A couple of days ago my friend, Amy, sent me a funny email with the subject line "Wonderful New Jewish Words." Pretty funny stuff. The second entry is:
Torahfied (n.) Inability to remember one's lines when called to read from the Torah at one's Bar or Bat Mitzvah (or from the Hagadah at Passover).

While I'm not about to celebrate my Bar Mitzvah, I can identify with the terror that washes over a person when they are called to make a public profession of spirituality... assuming personal responsibility for commitment to live into the traditions, customs, and practices of faith. This is where I should stop and offer a disclaimer: this is not my first time around the block of faith-wrestling; I have struggled with religion for most of my life... not the methods or philosophy, but rather, which methods and which philosophy. I guess this is the part of the baggage that comes with being a preacher's kid. Yep, I'm one of that particularly problematic breed of trouble-makers that was raised to shut-up and do what he was told (and believe what he was told), but has spent a lifetime doing nothing but asking questions and blazing a new set of trails. 

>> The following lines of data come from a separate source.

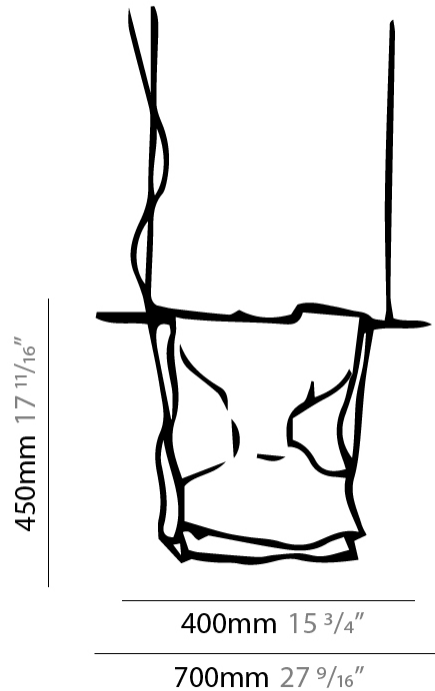

STENDIMI PORTABLE

D134013-

base number _____
Finish _____
Options _____

1. To build a product code in our configurator select the specify button on the base model # product page
2. To build a manual product code on this datasheet choose from the options listed below in blue font and add the suffix to the base model #

GENERAL

Series: Stendimi _____
Partner: Knikerboker _____
Division: Design _____
Installation: Portable _____
Product Type: Floor _____
Mounting Location: Floor _____
Light Distribution: Indirect _____

PHYSICAL

Shape: Abstract _____
Length (mm): 400 _____
Length (in): 15 ³/₄ _____
Height (mm): 450 _____
Height (in): 17 ²³/₃₂ _____
Fixture Finish: BFM / BRL / BRW / CLF / CLM / CLW / GLF / GLM / GLW / MBK / SLF / SLM / SLW / WHI _____
Fixture Material: Metal _____
Cable Details: 2 Steel Cables 2000mm / 78 3/4" _____

ELECTRICAL

Lamp Type: LED _____
Total Output Wattage (W): 14.7 _____
Dimming: Non-Dimmable _____
Driver Included: Yes _____
Driver Location: Integrated _____
Driver Type: Constant Voltage - Universal - Non-dimming _____
Driver Class: Class 2 _____
Input Voltage (V): 120 - 277 _____
Output Voltage (V): 24 _____

LED

Number of LEDs: 4 strips _____
Color Temperature (°K): 3000 _____
Max. Delivered Lumen (lm): 1620 _____
CRI: >80 CRI _____
Lamp Life (hrs): 50000 _____

OPTICAL

RATINGS AND CERTIFICATIONS

Certified By: Certified for North American Standards _____
IP rating: IP20 _____
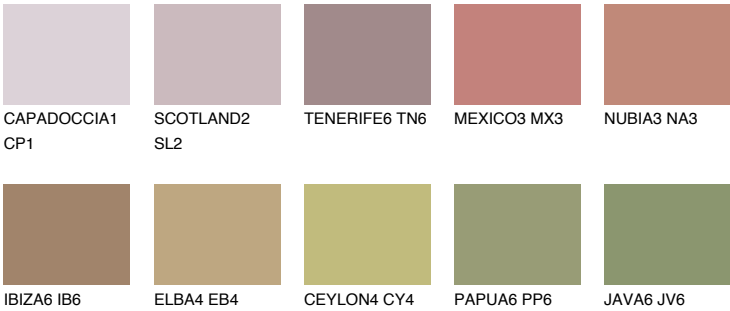

TEXAS6 TX6

☀ 25% **TSR 30%**

Matching colours

COLOURS

INTENSE

For more information on plasters and paints, go to www.ceresit.en

*The presented colours refer to plasters and paints offered by Ceresit. Due to the use of digital techniques, the presented colours might not represent the original ones, thus they cannot be considered as a reliable colour presentation. We recommend checking the authentic colour samples.
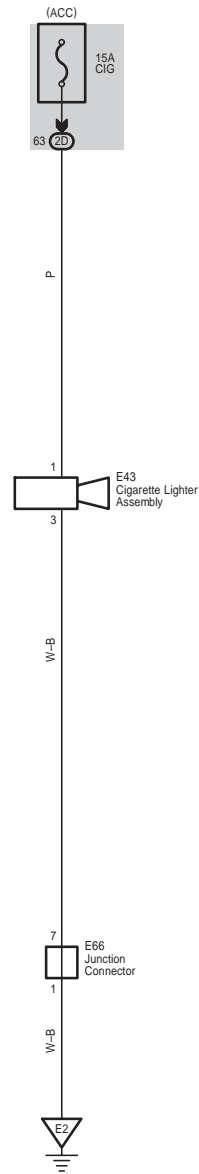

Cigarette Lighter

Power Outlet

* 1 : Before Jul. 2009 Production
* 2 : From Jul. 2009 Production
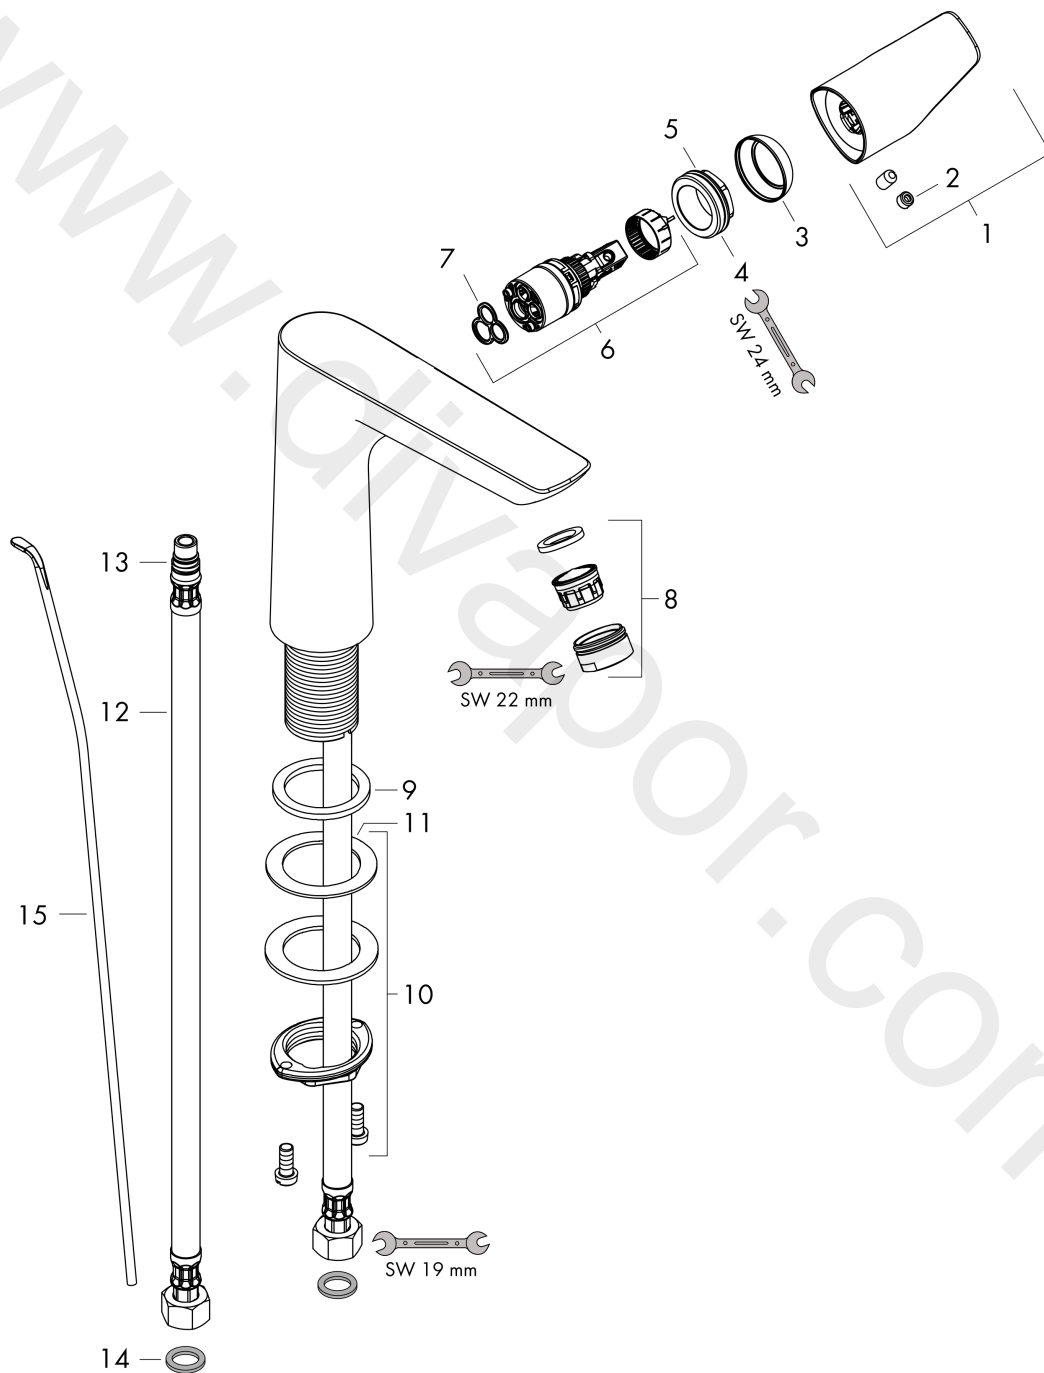

Talis E

Single lever basin mixer 150 with pop-up waste set

Finish: **Brushed Bronze** Article Number: **71754140**

Description

product features

- consists of: single lever basin mixer, waste set
- ComfortZone 150
- projection: 141 mm
- spout height: 133 mm
- handle variant: lever handle
- spray type: normal spray
- maximum flow rate at 3 bar: 5 l/min
- ceramic cartridge
- temperature limitation adjustable
- suitable for continuous flow water heaters
- pop-up waste set G 1¼
- material waste set: metal
- connection type: G ¾ connections
- connection dimension: DN15
- EU taxonomy: max. 6 l/min - Substantial Contribution (SC) possible
- WRAS 2209002

Article Details

Price excl. VAT

406,20 £

Technology

Design awards

Product image

Scale drawing

Talis E
Single lever basin mixer 150 with pop-up waste set
 Finish: **Brushed Bronze** Article Number: **71754140**

Flowchart

Talis E
Single lever basin mixer 150 with pop-up waste set
 Finish: **Brushed Bronze** Article Number: **71754140**

Exploded Drawing

Year of production: >08/19

Talis E**Single lever basin mixer 150 with pop-up waste set**Finish: **Brushed Bronze** Article Number: **71754140****Spare part list**

Year of production: >08/19

Pos.	Description	Article Number	Price	PU
1	handle	92777140	£ 76,00	1
2	screw cover	95704000	£ 3,30	1
3	flange	95493140	£ 33,00	1
4	nut	95178000	£ 43,00	1
5	O-ring 24x2	98388000	£ 3,30	1
6	cartridge, assy	97685000	£ 64,00	1
7	seal	98865000	£ 35,00	1
8	aerator M24x1 (5 l/min)	13185140	£ 33,48	1
9	flat seal	98749000	£ 6,10	1
10	fixing set (Ø 32)	13961000	£ 25,00	1
11	lever collar	97548000	£ 3,30	1
12	connection hose 450 mm M10x1 G3/8	96507000	£ 43,00	1
13	O-ring 8x1,75	97827000	£ 3,30	1
14	sealing set	95581000	£ 6,10	1
15	pull rod	96657140	£ 19,80	1
a	pop up waste	94139140	£ 163,00	1
b	fixation extension 35 mm	13898000	£ 79,00	1

So, I was told recently (by a rabbi, of course) that questions are good; that questions, in fact, are the very heart of spiritual practice. Knowing about the Jewish tolerance - nay, celebration! - of opinionatedness, I was still, nevertheless, surprised to hear such encouragement from the mouth of a respected religious leader. It's not, after all, the reception that I had received growing up.


And now, here I am... sitting on the edge of a cliff, my legs dangling over, teasing the chasm of unfamiliarity. I started out just wanting to brush up on my Hebrew so grad school won't be such a headache (that's a discussion for another time). But, just a few short weeks into my experience since I visited my first ever Shabbat service at a local synagogue and I am already having to fight back the urge to throw myself completely into the whirlwind called conversion. The services are in Hebrew, the prayerbook is unfathomable, I can't get the kippa to stay on my head without sliding off, and I feel like everyone - E-VER-Y-ONE - is looking at me stumble my way through the prayers thinking to themselves "...get a load of this poser." Wow. Torahfied is right.

Maybe you'll want to follow along on my little journey into the world of Judaism. I'm not exactly sure about the destination. But I can guarantee it'll be interesting (if not a bit humiliating for me) to watch me flail about in this alien-but-strangely-familiar landscape.